Travis Bogard, a vice president of the foundation, is a professor of dramatic art at UC Berkeley, where he teaches a course on O'Neill and his work.

Bogard is the author of "Contour in Time--The Plays of Eugene O'Neill" (Oxford University Press, 1972), which is a critical study of O'Neill's work.

"In the 30 years of his creative life, O'Neill completed the drafts of 62 plays," Bogard said. "Eleven were destroyed, and of those remaining over half contain discernible autobiographical elements."

In his book, Bogard wrote: "His was, in part, a quest for identity. . . . O'Neill used the stage as his mirror, and the sum of his work comprises an autobiography. In many of his plays, with a bold directness of approach, he drew a figure whose face resembled his own, and whose exterior life barely concealed a passionate, questing, inner existence. Around this figure, he grouped other characters who served as thin masks for members of his close family and for his friends and significant acquaintances."

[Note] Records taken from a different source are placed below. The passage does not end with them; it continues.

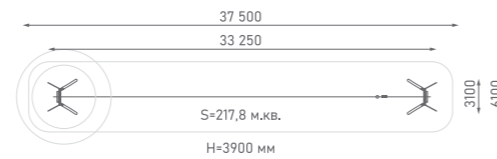

ЭКО-301001

Канатная дорога

Возраст: 4—12 лет
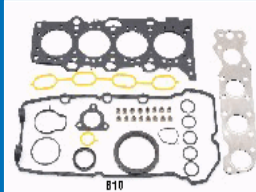

49809

OE: 11400-73822 | ENGINE: F8A

SUZUKI CARRY Furgonato (ST90V) 0.8[11.1980-10.1985](Benzina)
SUZUKI LJ 80 0.8[01.1980-01.1984](Benzina)

49810

OE: 11400-86870

FIAT SEDICI 1.6 16V 4x4[06.2006-20.1410](Benzina)
SUBARU JUSTY III (G3X) 1.3[09.2003-](Benzina)
SUZUKI IGNIS II 1.3 4x4[09.2003-](Benzina)
SUZUKI IGNIS II 1.3[09.2003-](Benzina)
SUZUKI IGNIS II 1.5 4x4[09.2003-](Benzina)
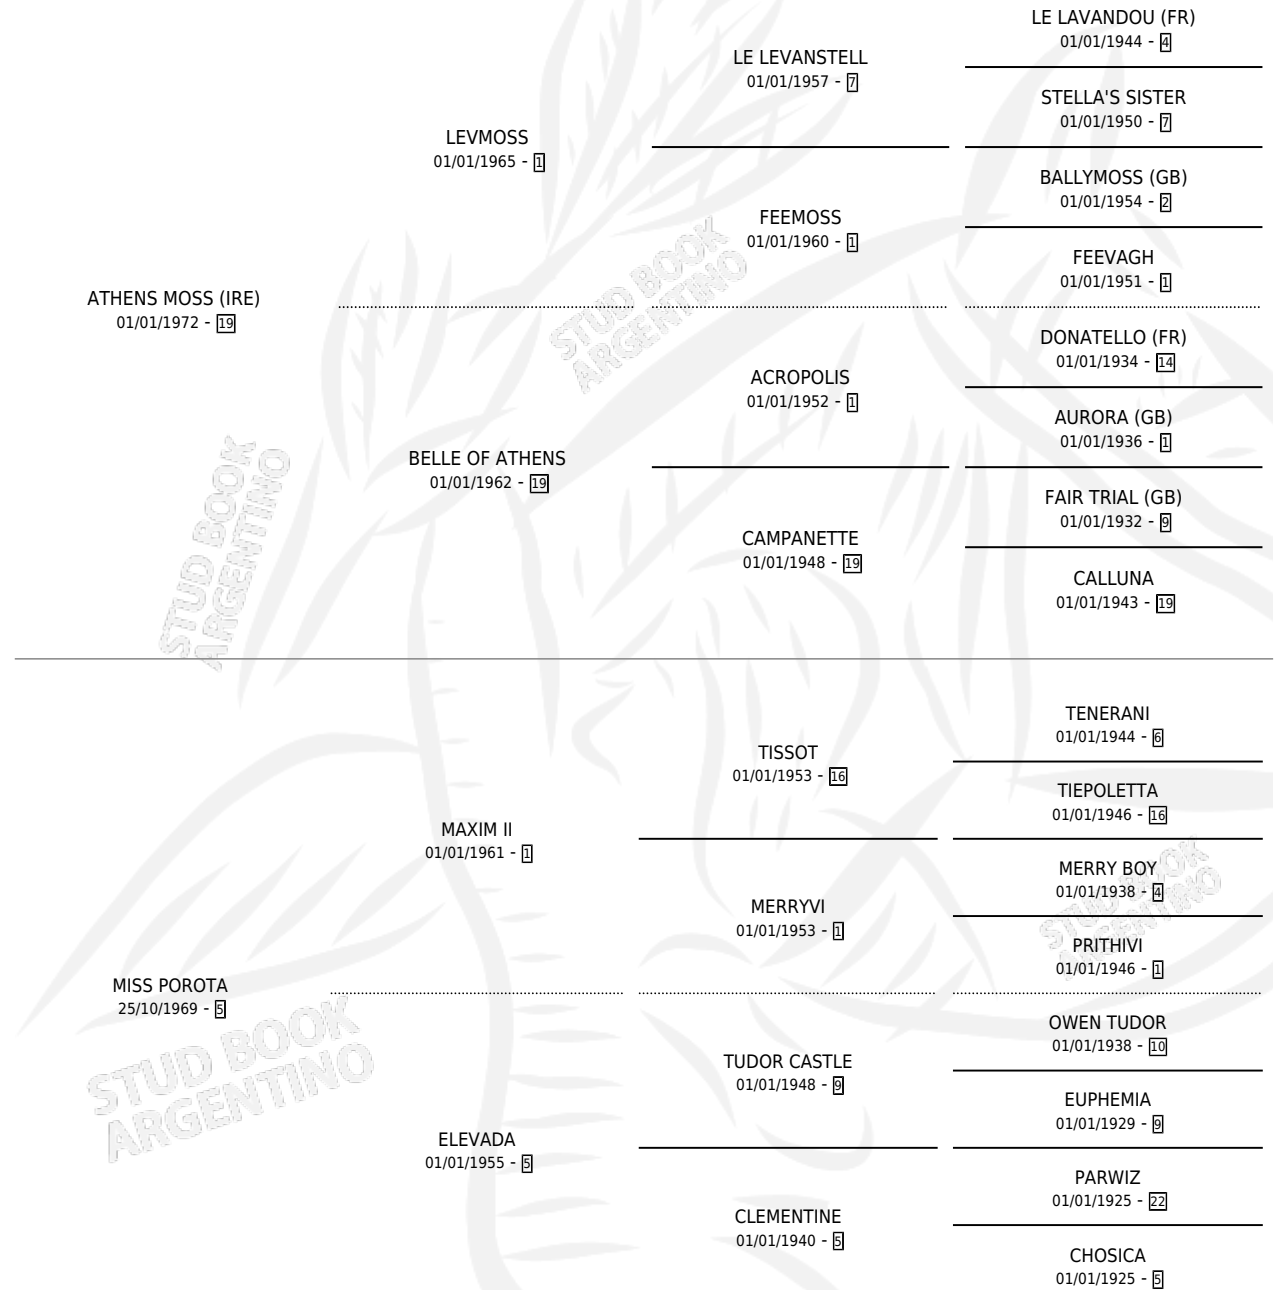

AVIVA

por **ATHENS MOSS (IRE)** y **MISS POROTA** por **MAXIM II**

Argentina · Hembra · Zaino · SP · 23/10/1982
Familia 5-a · Volumen 31

ESTADO

TIPIFICACIÓN SANGUÍNEA	X
TIPIFICACIÓN POR ADN	X
PASAPORTE	X
IDENTIFICACIÓN POR MICROCHIP	X
REPRODUCTOR	X

Lugar de nacimiento: Campo particular

Criador: Sin dato

PEDIGREE

AVIVA

Datos oficiales del Stud Book Argentino

Documento generado el 03/05/2026

studbook.org.ar
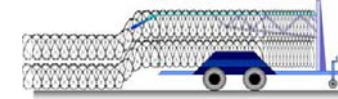

RIOT DETAINER:

نظام سريع الانتشار

Model: RIOT DETAINER

المواصفات العامة

سرعة الانتشار لمسافات طويلة كموانع هرمية ذات
شفرات حادة مع الضمان الكامل للمنع

ينصح باستخدام هذا النوع في

في شركات الاتصالات القواعد العسكرية, نقاط التفتيش
وكذلك في المظاهرات العامة في الشوارع

يتماشى مع جميع انواع الشفرات

INSTANT DECOILER:

هذا النوع متعدد ومع نفس الاستخدام والاستعمال ولكن
للاستخدام الشخصي و بحجم صغير
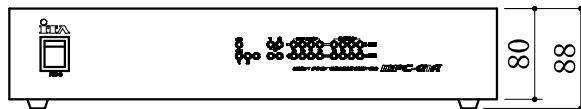

システムセンターコンピューター

映像切替出力	メイン3系統、サブ1系統、リレーout1系統
制御出力	RS232C×2系統
コントローラー出力	4系統 8ライン (RS485)
回転台/レンズ制御	32台制御×3系統
カメラスポット容量	システムトータル8000スポット
カメラ制御ライン	4系統 8ライン (RS485)
コントローラー電源出力	AC12V/2A
カメラ種別切替出力	3ch
電源	AC100V (50/60Hz)
消費電力	約30W
寸法	W430×H80×D300mm (突起物含まず)
質量	約3.8kg
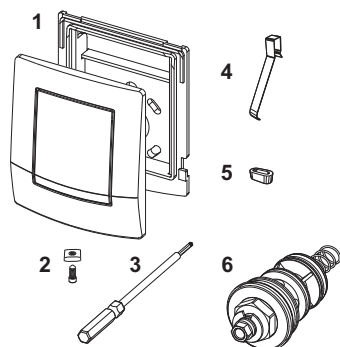

Запасные части:

1	9820081	Лицевая панель TECEambia Urinal, белая
2	9820097	Крепежный винт панели смыва писсуара
3	9820091	Торцевой ключ, 2 мм
4	9820020	Пружины клавиш (2 шт.)
5	9820024	Резиновые амортизаторы (2 шт.)
6	9820031	Картридж клапана смыва U 1
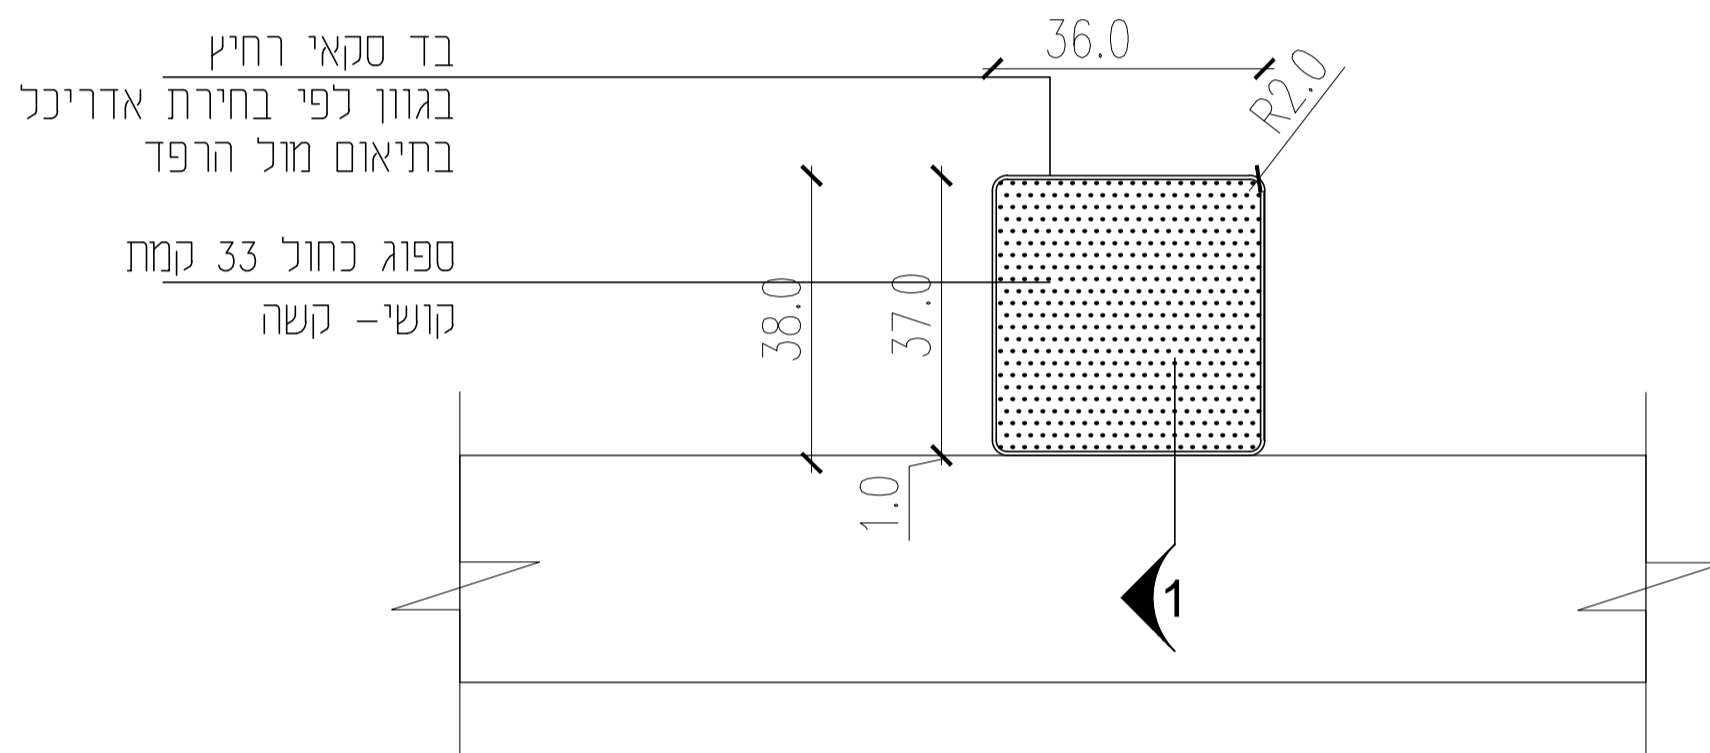

6 חלקים נפרדים הניתנים להצבה בעיגול!
סיומת גרוגב בכל החיבורים ברהיט

כל הרהיט לוח מלמין בחיפוי פורמיקה
בגוון 4950 דובדבן מדרה
של חברת מזונית

סה"כ 12 מקומות ישיבה

חזית א

חזית ב

חתך 1-1

מבט על

פנים ההדום בנוי מעץ סנדייג'
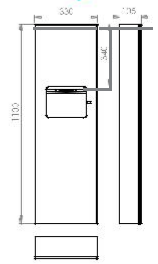

Talebinize göre istediğiniz ölçülerde ürün üretilebilir.
Products produced in the size you want on your request.

MASKE BONE GALOŞLUK SETİ MASK GALOSHES BONE SET
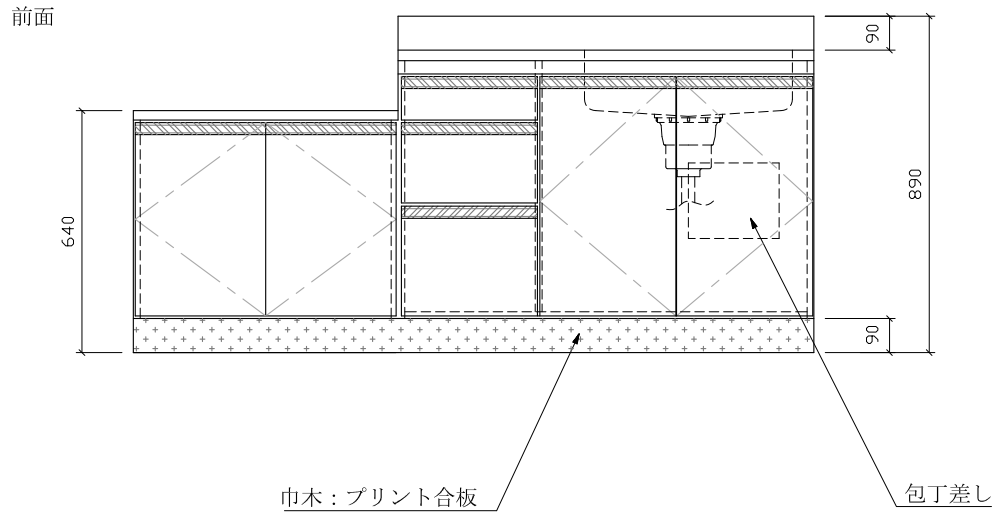

RKH-1800 右

仕様 (F ☆☆☆☆)

TOP : SUS430ステンレス 0.4t

側面 : カラー合板

内部 : カラー合板

引戸・開戸 : ポリ合板仕上げ

底板 : カラー合板

組立方法 : ダボ組にて、プレスする

排水金具 : 中型ゴミ収納器・ホース付

引手 : ラインハンドル

名	流し台	尺度	1/20
称	RKH-1800 右	平成27年 6月	日
検印	設計	製図	図番
(有)アエル流し台製作所			
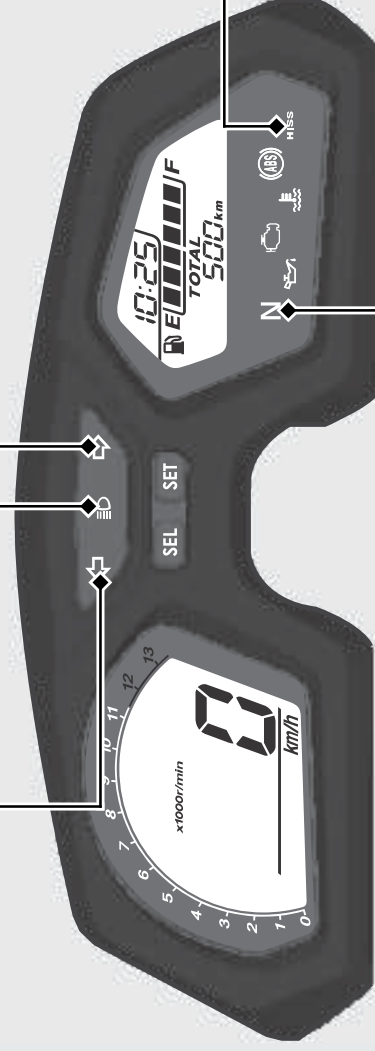

# 表示灯

◀ 方向指示器表示灯

☹ ハイビームパイロットランプ  
(前照灯上向き表示灯)

⇨ 方向指示器表示灯

HISS 表示灯 ◀ P.23 ▶ P.71

- メインスイッチを I (On) にすると一時的に点灯し、数秒後に消灯
- メインスイッチを O (Off) にすると 2 秒間隔で 24 時間点滅

N ニュートラル表示灯  
トランスミッションがニュートラルの位置にあるときに点灯
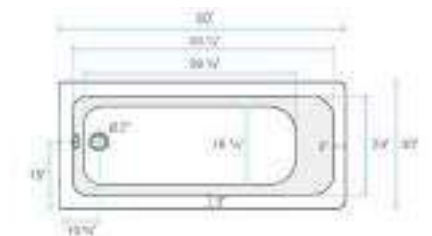

Voltaire

SKU: SM-DB568
L: 66" W: 36" H: 23 1/4"
N.W: 68.0 lb.

Voltaire

SKU: SM-DB569
L: 60" W: 30" H: 22 7/16"
N.W: 51.0 lb.

Voltaire

SKU: SM-DB570
L: 60" W: 36" H: 22 7/16"
N.W: 57.0 lb.

VOLTAIRE
DROP-IN BATHTUB
SM-DB570
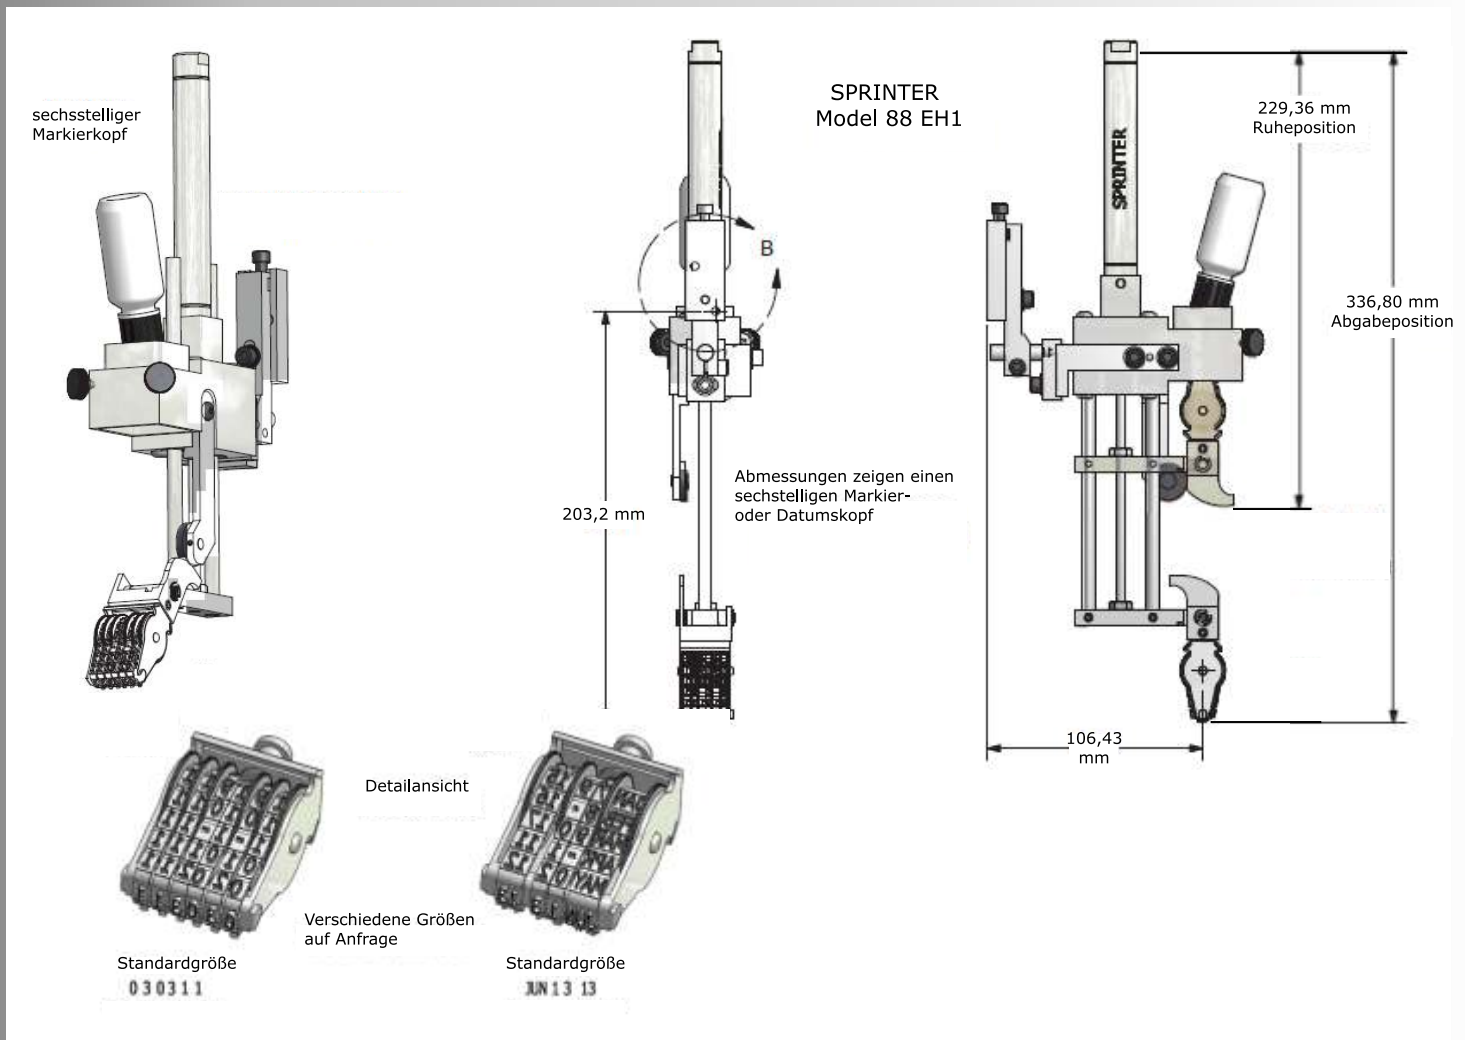

Markiereinheit Model 88 mit Datumsmarkierung

Anwendungsgebiete

- Datum- / Produktcodierung
- Lot-Nummern
- Teilenummern
- Haltbarkeiten

Markiermaterialien

- Kunststoff / Metall
- Glas
- Gummi / Papier / Kartonagen
- Folien
- Verpackungen

Markiereinheit Model 88 mit Datumsmarkierung

- Leistung bis zu 150 Takte/Minute
- kostengünstige Markierungen
- Wartungsarm
- Schnellwechselsystem der Farbkartuschen
- schnelle Textwechsel
- kein Austrocknen der Farbe
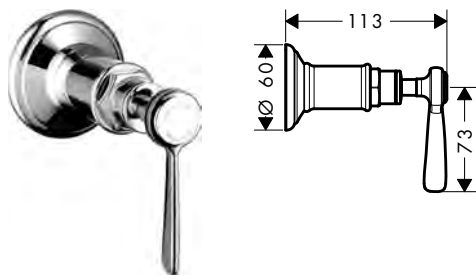

Uzavírací ventily pro podomítkovou instalaci

Vlastnosti všech variant

/ způsob montáže: DN15/DN20

páková rukojeť
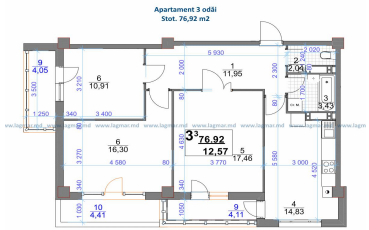

Preț calculat (-10 euro m/p pentru fiecare etaj mai superior)

La moment sunt disponibile putine din apartamente , grăbițivă!

EXPLICATIA INCAPERILOR Apartment cu 1 odăie

NR	DENUMIREA INCAPERII	S (mp)
1	Coridor	4,84
2	Grup sanitar	4,38
3	Bucatarie	14,85
4	Salon	16,83
total		40,90

EXPLICATIA INCAPERILOR Apartment cu 1 odăie

NR	DENUMIREA INCAPERII	S (mp)
1	Coridor	3,86
2	Grup sanitar	4,36
3	Bucatarie	14,51
4	Salon	17,87
total		40,90

EXPLICATIA INCAPERILOR

NR.	DENUMIREA INCAPERII	S (m ²)
1	Coridor	10.31
2	Grup sanitar	6.84
3	Bucatarie	6.64
4	Salon	18.50
5	Dormitor	10.48
	total	88.88
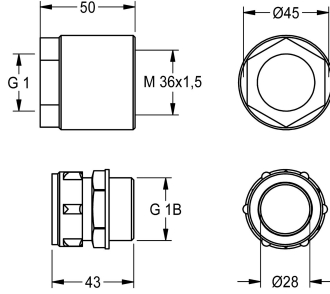

KWC CAMPUS Anschlussset Hock-WC

Modell-Linie: **CAMPUS | ZCMPX0007**
Urinale und WC's | Zubehör WC & Urinale

KWC-Nr.

2030027502

Anschlussset für Hock-WC, bestehend aus Einschraubverbinder und Adapter, für Druckspüler, mit Verschraubung 28 mm (D)

2030030368

Anschlussset für Hock-WC, bestehend aus Einschraubverbinder und Adapter, für Spülkasten, mit Verschraubung 32 mm (D)

Anschlussset Hock-WC, bestehend aus Einschraubverbinder und Adapter, 28 mm Durchmesser, für Druckspüler, mit Verschraubung

28 mm (D).

Technische Daten

Füllmenge

1

Mengeneinheit

Stück
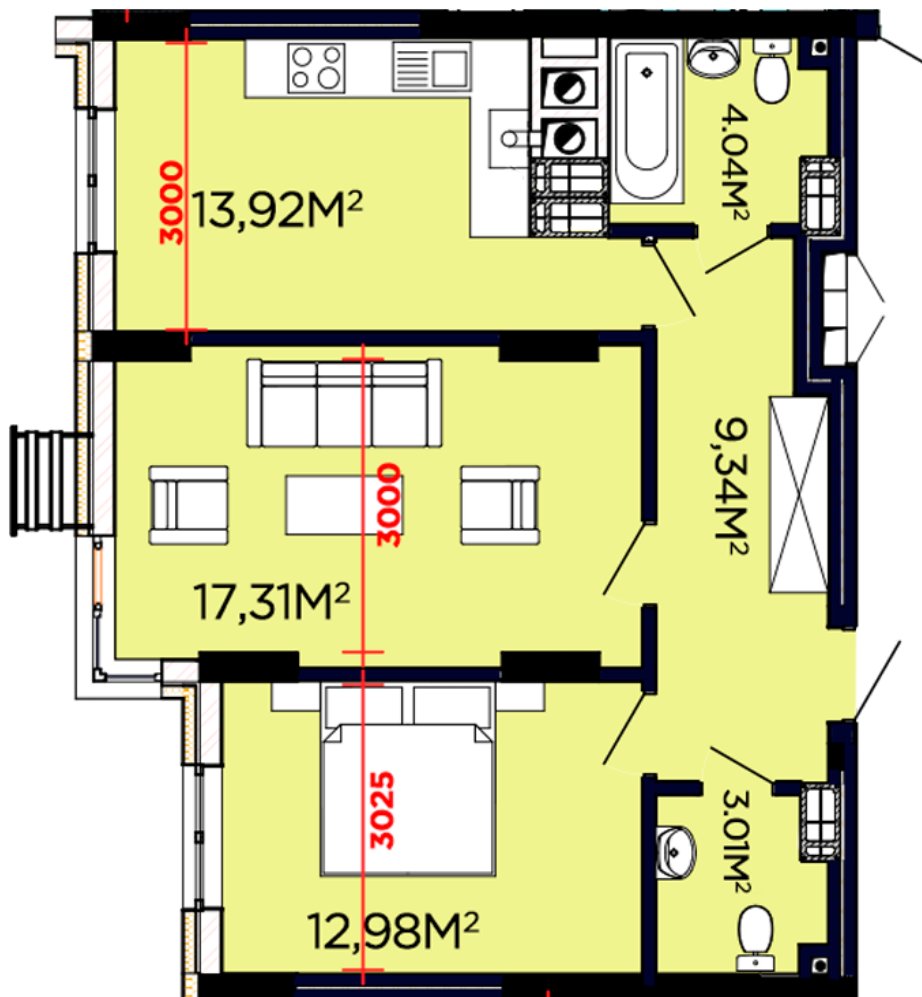

ЖК "Щасливий" Львов

schastliviy.lviv.ua
068 430 82 08

Планировка 2 комнатной квартиры в доме на ул.
Беговая, 17-Б — №2.13

| | |
|-----|---------------------|
| №13 | 60,60M ² |
| | 30,29M ² |

Тип планировки: №2.13

Дом Беговая, 17-Б
2 комнатная, 2-16 Этаж

Характеристики

Общая площадь: 60.6 м²
Жилая площадь: 30.29 м²
Площадь кухни: 13.92 м²

Eugene O'Neill was born Oct. 16, 1888, in New York City. His father, James O'Neill, was a well-known actor who became typecast as Edmond Dantes in "The Count of Monte Cristo," a role he played for 25 years and came to detest. Eugene's mother, Ella, became addicted to morphine prescribed to her to alleviate complications from Eugene's difficult childbirth.

Search for Gold

The future playwright married Kathleen Jenkins in 1909, leaving her to search for gold in Honduras. A year later, he signed on as a sailor on a Norwegian square rigger. He became a beach bum in Buenos Aires and continued a dissolute life after returning to New York, living in squalid hotels and spending most of his time in cheap saloons patronized by the dregs of society. Kathleen divorced him and was left to raise their young son, Eugene Jr., who would commit suicide at 40.